All lines from the one containing "Doporučeno pro stavebnici: **Italeri**" to the end of the entries below should be output exactly as they appear. No other lines should be output.

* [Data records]
....
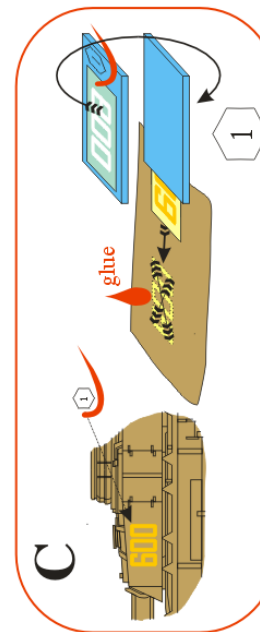

Recommended for kit: **Italeri**
Doporučeno pro stavebnici: **Italeri**

More info about this airplane:
Více informací o tomto letadle:

info@handl.biz

www.handl.biz
....
* [TASK OUTPUT]
Doporučeno pro stavebnici: **Italeri**

More info about this airplane:
Více informací o tomto letadle:

info@handl.biz

www.handl.biz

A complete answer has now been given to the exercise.